EXERCISE BRIEF
Copy out all lines of the listing below that hold "QPSK".

[Opening GIVEN DATA section]

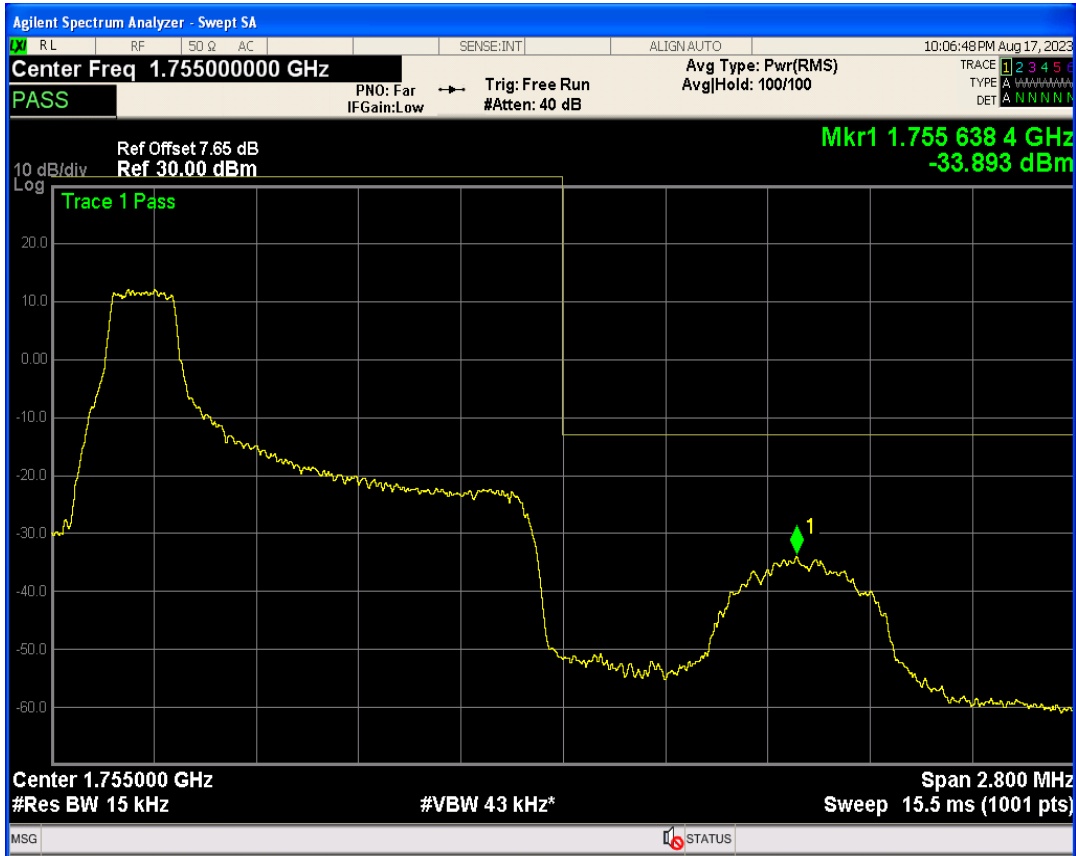

Band4 QPSK BW=1.4MHz Channel=20393 RB Size=1 Position=#0

Band4 QPSK BW=1.4MHz Channel=20393 RB Size=1 Position=#Max

Band4 QPSK BW=1.4MHz Channel=20393 RB Size=6 Position=#0

Band4 16QAM BW=1.4MHz Channel=20393 RB Size=1 Position=#0

[Closing GIVEN DATA section]

TASK SOLUTION
Band4 QPSK BW=1.4MHz Channel=20393 RB Size=1 Position=#0
Band4 QPSK BW=1.4MHz Channel=20393 RB Size=1 Position=#Max
Band4 QPSK BW=1.4MHz Channel=20393 RB Size=6 Position=#0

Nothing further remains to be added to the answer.